S3 and Athena example

So we have some sample data from AWS Data Exchange:

https://console.aws.amazon.com/dataexchange/home?region=us-east-1#/products/prodview-stk4wn3mbhx24

And we’ve subscribed and downloaded it to our S3 bucket:

s3://rockstaretltesting1/sample_data/shipping/d0e9bd6148e8f14889980954017b0927/83bdd5c3225a70b48acff63e86c74193/ams/2020/202009291500/

So the first thing we have to do is decide which file we’re going to use and copy it to it’s own folder.
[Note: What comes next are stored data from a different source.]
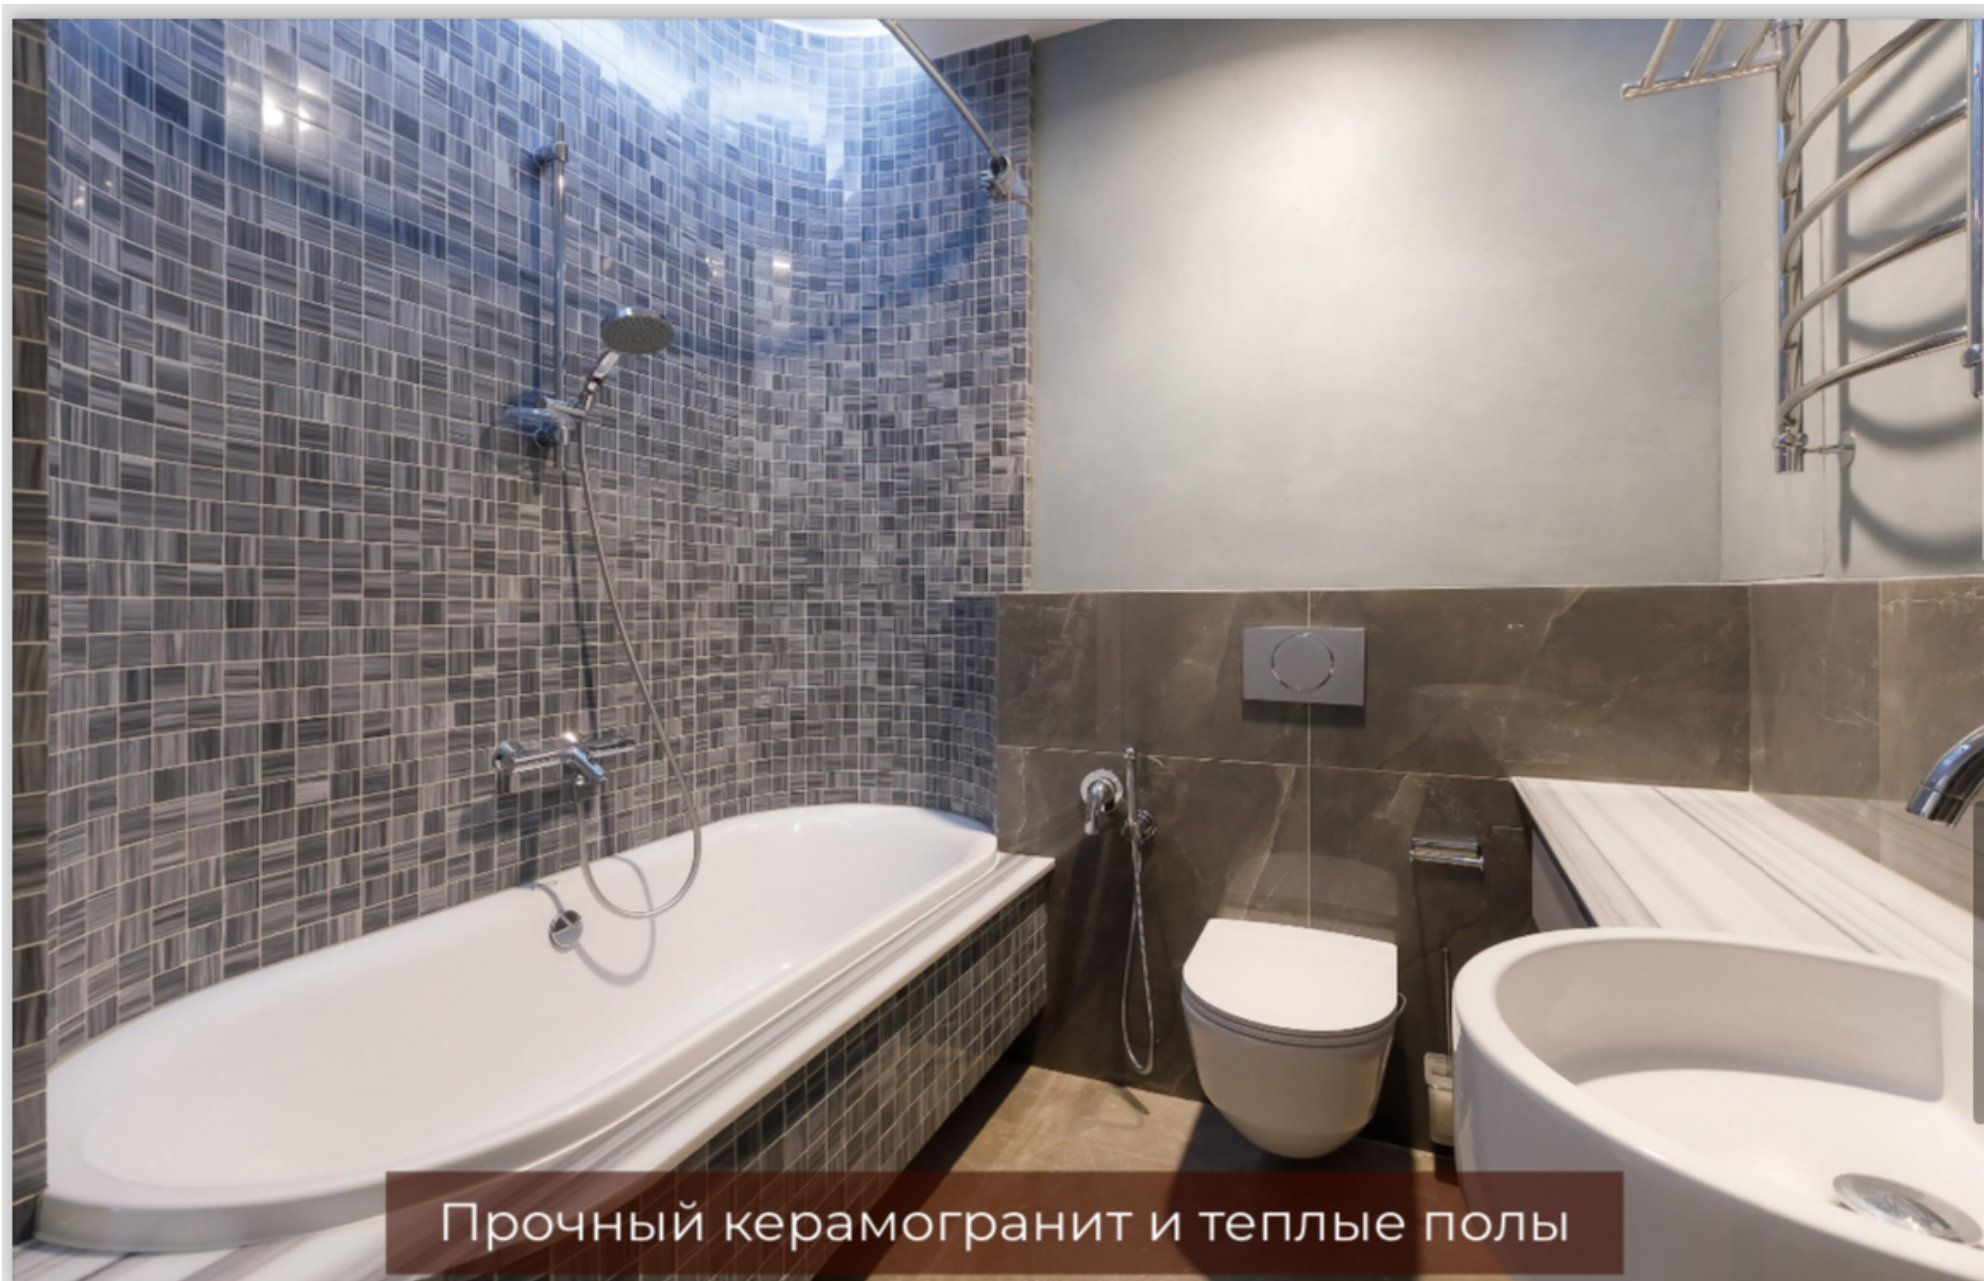

Премиальная сантехника
от брендов Villeroy&Boch и Jacob Delafon

Просторная душевая отделана мрамором

Мебель из экологичных материалов

Встроенные стиральная и сушильная машины Miele

Прочный керамогранит и теплые полы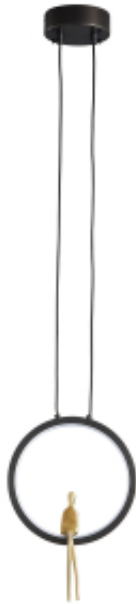

Link do produktu: <https://www.zyrandole24.pl/lampa-wiszaca-amici-led-czarno-zlota-27-cm-p-15030.html>

Lampa wisząca AMICI led czarno złota 27 cm

Cena	499,00 zł
Numer katalogowy	ST-D7774 black
Kod EAN	5904883092662
Producent	Step into Design
barwa światła [kelvin]	3000 K
strumień świetlny [lumen]	630
średnica [cm]	18,5
głębokość [cm]	4
kolor uzupełniający	mosiądz
produkt złożony	tak
kolor podsufitki	czarny
wysokość podsufitki [cm]	3
średnica podsufitki [cm]	10
materiał podsufitki	aluminium
stopień ochrony IP	IP 20
wysokość minimalna [cm]	30
regulacja wysokości	tak
długość przewodu [cm]	150
moc maksymalna	7W
ilość źródeł światła	1
typ źródła światła	LED
wysokość [cm]	27 - 180
szerokość [cm]	18,5
materiał klosza	akryl
KOLOR	czarny
Materiał	aluminium

Opis produktu

Lampa wisząca AMICI w kształcie **pierścienia/okręgu** wykonana została w całości ze szczotkowanego mosiądzu w dwóch kolorach: złotym i czarnym.

W centralnej części czarnego okręgu znajduje się złota postać siedząca, wykonana z mosiądzu nadająca niezwykłego efektu wizualnego.

Ta lampa wisząca to wyjątkowy i efektowny element wystroju, który z pewnością przyciągnie wzrok.

Designerskie połączenie kontrastowych kolorów podkreśla awangardową formę.

Lampa wisząca AMICI zasilana jest oszczędnym źródłem światła LED o mocy 7W i około 630 lumenów.

Będzie również świetnym elementem dekoracyjnym **w restauracji, kawiarni lub sklepie**.

Zalety lampy Amici:

- **Unikalny design:** Złota obręcz z siedzącą postacią to oryginalny i przyciągający wzrok design, który z pewnością ożywi każde pomieszczenie
- **Różnorodność stylów:** Lampa dostępna jest w różnych stylach, od nowoczesnego po klasyczny, dzięki czemu dopasuje się do każdego wnętrza
- **Ciepłe światło:** obręcz lampy emituje ciepłe i przyjemne światło, które sprzyja relaksowi i tworzy przytulną atmosferę.
- **Energooszczędność:** Nowoczesne źródło światła LED zapewnia energooszczędność i długą żywotność.

This is because we can’t create an Athena table pointing to this location as the tables have different schemas (structures ie column names and data types)

So I’m choosing the header table and copying it to it’s own folder with this command:

aws s3 cp s3://rockstaretltesting1/sample_data/shipping/d0e9bd6148e8f14889980954017b0927/83bdd5c3225a70b48acff63e86c74193/ams/2020/202009291500/ams__header_2020__202009291500.csv s3://rockstaretltesting1/sample_data/shipping/d0e9bd6148e8f14889980954017b0927/83bdd5c3225a70b48acff63e86c74193/ams/2020/202009291500/header/

I’m running it in powershell:

So now I have the header data in it’s own subfolder:

Now I can create an external Athena table to point to this subfolder:

So I’m running the following commands in Athena:

create database shipping;
drop table header;
CREATE EXTERNAL TABLE IF NOT EXISTS header (
explore String
)
ROW FORMAT DELIMITED
LOCATION 's3://rockstaretltesting1/sample_data/shipping/d0e9bd6148e8f14889980954017b0927/83bdd5c3225a70b48acff63e86c74193/ams/2020/202009291500/header/';
select * from header limit 10;

I don’t know the column names so I’ve just created the table above so I can at least see the data:

The table now exists in my database:

The data is not split into different columns yet:

So I copy the first row into a new spreadsheet (I’m using Google Sheets):

The spreadsheet is here:

https://docs.google.com/spreadsheets/d/1pA7vodxHJTAUO25W_x18KkI6ME6APZIx6MlB0G5tLcA/edit?usp=sharing

After copying the row into A4, I then split the text to columns in A8:

Thereafter I copy and paste the row transposed into A12 and down:

Thereafter, I name the columns arbitrary F1, F2 and so on and use a formula to concatenate the column type: “String”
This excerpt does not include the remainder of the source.